NVlabs / NVBit

224 stars 21 forks source link

Segmentation Faults due to accessing deallocated structures in Nvbit #89

Open hanhwi opened 2 years ago

hanhwi commented 2 years ago

Nvbit 1.5.5 (under Nvidia driver 510.47.03 and CUDA 11.3) generates segmentation faults in Nvbit::module_unloading function occasionally. Nvbit()::~Nvbit() destructor is the cause of the fault.

The followings are the steps I verified the problem.

I tested AccelSim's tracer_tool and several tools on bfs and b+-tree of rodinia-3.1 benchmark (https://github.com/accel-sim/gpu-app-collection) and got the following segmentation faults.

Thread 1 "bfs-rodinia-3.1" hit Breakpoint 1, 0x00007f93503e8ec0 in Nvbit::module_unloading(CUctx_st*, CUmod_st*) () from /work/tracer_nvbit/tracer_tool/tracer_tool.so
$17 = 13
$18 = 0
$19 = 0x557606f26700
"v=>"$20 = 0x230
$21 = 0x0
$22 = 0x0
$23 = 0x0
$24 = 0x0
$25 = 0x0
$26 = 0x0
$27 = 0x0
$28 = 0x0
$29 = 0x0
$30 = 0x0
$31 = 0x0
$32 = 0x0

Thread 1 "bfs-rodinia-3.1" received signal SIGSEGV, Segmentation fault.
0x00007f93503e8f60 in Nvbit::module_unloading(CUctx_st*, CUmod_st*) () from /work/tracer_nvbit/tracer_tool/tracer_tool.so
A debugging session is active.

The segmentation fault happened while accessing the internal hash-like structure, which uses CUmod_st* as a key according to disassembled instructions. I printed the values in the structure with GDB, prefixed with $19-$32. The entry below $19 shows the value $19 entry contains, which causes the segmentation fault (accessing 0x230). You can see that the structure has been corrupted.

To dig into the cause, I tested it with valgrind memcheck. For simplicity, I used instr_count tool example. This is the result tailored for clarity.

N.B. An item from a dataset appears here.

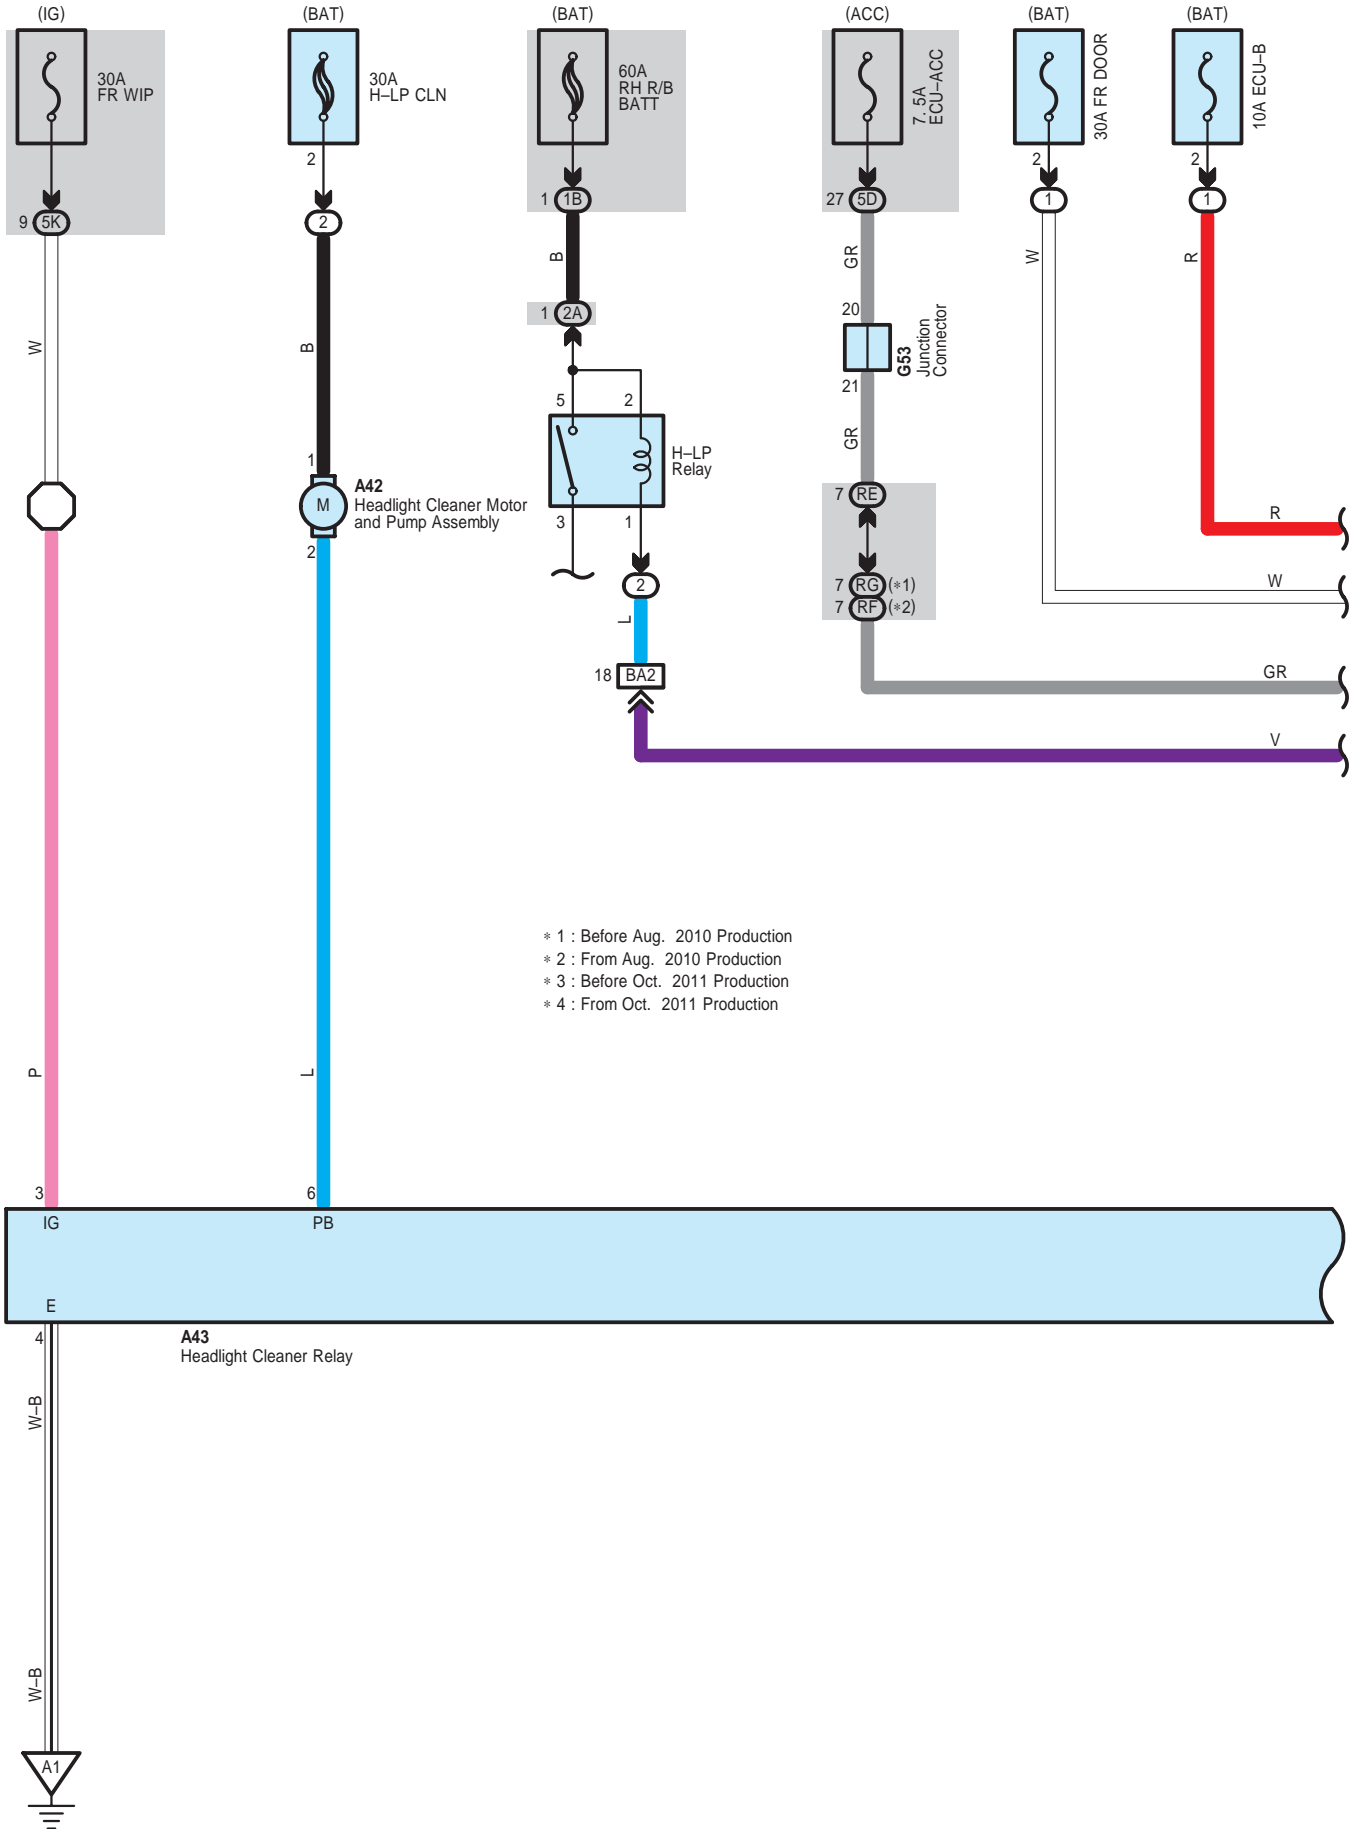

Headlight Cleaner

==55509== Invalid read of size 8
==55509==    at 0x6AE4721: Nvbit::module_unloading(CUctx_st*, CUmod_st*) 
==55509==    by 0x6AECA23: nvbitToolsCallbackFunc(void*, CUtools_cb_domain_enum, unsigned int, void const*) 
...
==55509==  Address 0x9021da0 is 48 bytes inside a block of size 104 free'd
==55509==    at 0x483CFBF: operator delete(void*) 
==55509==    by 0x6ADFE4D: Nvbit::~Nvbit() 
==55509==    by 0x4B498D6: __run_exit_handlers (exit.c:108)
==55509==    by 0x4B49A8F: exit (exit.c:139)
==55509==    by 0x4B270B9: (below main) (libc-start.c:342)
==55509==  Block was alloc'd at
==55509==    at 0x483BE63: operator new(unsigned long) (in /usr/lib/x86_64-linux-gnu/valgrind/vgpreload_memcheck-amd64-linux.so)
==55509==    by 0x6AE32CE: Nvbit::create_ctx(CUctx_st*) (in /work/tracer_nvbit/nvbit_release/tools/instr_count/instr_count.so)
==55509==    by 0x6AECA57: nvbitToolsCallbackFunc(void*, CUtools_cb_domain_enum, unsigned int, void const*) (in /work/tracer_nvbit/nvbit_release/tools/instr_count/instr_count.so)
....

You can verify that Nvbit destructor was called before module_unloading function which depended on Nvbit class. I have no clue why Nvbit class has been destructed before unloading modules and whether this problem is specific to Nvbit 1.5.5.

ovilla commented 2 years ago

Sorry for missing this earlier, thanks for reporting... we will try to reproduce.